Strategy is the job of the board, but as was made clear a year ago that strategy only works of the CEO and their team are working to it as well. The challenge then was that boards were often not working in harmony with management, and the issues of selection (of trustees), training (or existing knowledge of the work of the organisation) and commitment were hindering operations, and much of that is being resolved just by the opening of communication, between boards and CEOs but also between organisations.

Now, Carty says, there are thousands of tweeters exchanging notes on CGA issues and solving problems together.

And the only too visible elephant in the room is Brexit, especially for organisations with international connections for which that particular uncertainty can be “really debilitating”, she says. “You can strategise for plans A & B, but when you’re on plans K and M it gets really difficult - finding ways to hold your nerve, remember what your ambitions are, keep connecting with your partners nationally and internationally, and build alliances. That’s what cultural organisations are having to do in order to deal with things we can’t actually control but we do have to respond to”.

The relationship that is the most vital is the one between chair and chief executive, or artistic director. A key note speech last week came from a CEO who is also a chair, Moira Sinclair (above). As well us running the Paul Hamlyn Foundation, she chairs the Clore Leadership Programme, a role she has taken on since last year’s inaugural CGA meeting, so she is uniquely able to give advice.

Chairs that work well understand the value of their CEO and enable them “to be their best selves”, she said. They should be talking from the same script in terms of values and mission – “when things go wrong, it’s because there can be a profound mismatch with what both parties think they are there to do and crucially how they think they are going to do things”. She lines chairs who “work hard to create a culture of openness, transparency and enquiry; who don’t create cabals; who make sure voices around the table are heard, but don’t allow grandstanding; and understand that a diversity of experience and viewpoint makes for richer, better governance” she said. “It’s easy to say that this balance is all about communication”.
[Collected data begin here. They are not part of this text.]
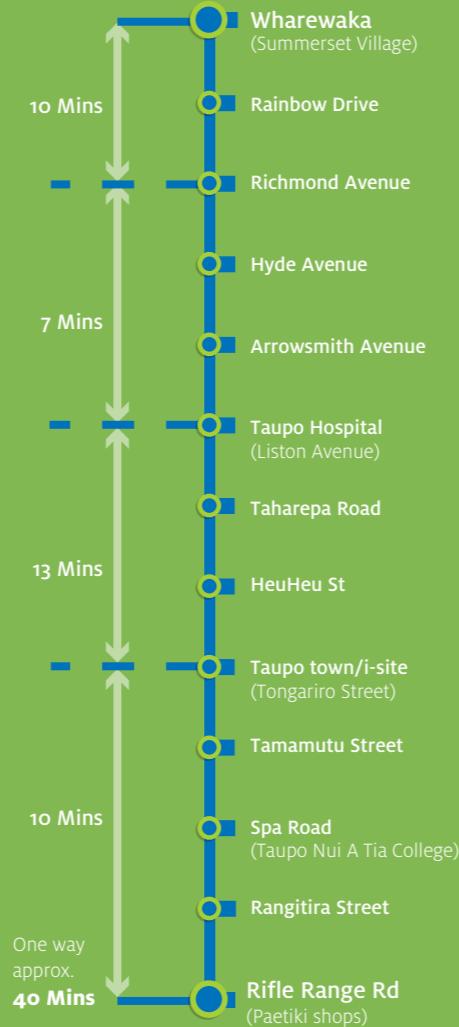

ACACIA BAY TO TAUHARA
 TAUHARA TO ACACIA BAY

Acacia Bay
 Loop
 Extension

Taupo central
 Wharewaka - Tauhara

LAKE TAUPO

- bus stops
- terminus
- service follows this route from Tauhara to Wharewaka only

map not to scale

This service is operated by Waipawa Buses Limited, phone 07 378 2172.

Taupo Central

Mon - Fri depart Wharewaka
7.50am, 9.40am, 12.45pm, 3.15pm
Sat, Sun & public holidays depart Wharewaka
9.40am, 12.45pm, 3.15pm

Mon - Fri depart Rifle Range Rd
8.40am, 11.45am, 2.30pm, 5.15pm
Sat, Sun & public holidays depart Rifle Range Rd
11.45am, 2.30pm, 5.15pm

Turn over for route map

Acacia Bay Loop Extension

Mon - Fri depart Rifle Range Road
10.20am, 1.20pm

WHAREWAKA TO WAITAHANUI BUS STOP

So she gave more than her experience, she added a 12 point guidance, aimed at both CEOs and chairs.

  1. Recruit the right people. I have seen organisations spend more time on choosing the venue for a staff party than interviewing for trustees. These people are important – the chair and the chief executive need to get to know them, and each other.
  2. Lead with values. Other things you might be able to fix, but if the values are not aligned it will be a disaster. I’d suggest that respect be one of these.
  3. Have a co-created strategy, and be comfortable with it changing. And prepared to explain why. I say in both my roles I can cope with change and things that go wrong, but I don’t want surprises. Learning when to escalate – what may become an issue – is really important.
  4. Flexibility to respond. If you want to be fleet and supportive, you probably need to be OK with providing a sounding board when it’s needed, not just in times of crisis.
  5. Create space to breathe, to reconnect with the vision and revisit the goals and then take collective action. Check in to see that everyone is on board. It’s my belief that you can’t do that in a ‘normal’ board meeting. Retreats have worked wonders for me, but even a half day in a donated office can work.
  6. Take action and full responsibility for the outcome. Which is not the same as finding someone to blame - we are in this together, we can sort it out. Sometimes it’s easier for a board to ignore how complex a situation is and see the CEO as having all the answers (and vica versa).
  7. And agree who speaks and when. Fragile egos can be really damaged, and the question has to be ‘who is best placed, at this time, to speak and will add most value to the organisation?’
  8. Talk about appetite for risk, as well as risk management. It’s an excellent way of uncovering the places where conflict might arise.
  9. Set the agenda for meetings carefully together.
  10. Write better papers - get your mum to read them and if she can’t understand them, then why should your trustees who only come together four or five times a year.
  11. Create a feedback loop, and not just between chair and chief executive. Who is feeding back to the chair?
  12. Call on your networks, so that you are not alone, although it is sometimes lonely: people who have your back, who get you and what you are trying to do, who will be your cheerleaders and offer some validation. If you haven’t joined the Cultural Governance Alliance, perhaps now is the time to do so. The Association of Chairs have some excellent resources, as does ACEVO. And, - of course as chair I would say this, wouldn’t I? – being part of the Clore alumni provides that resource too.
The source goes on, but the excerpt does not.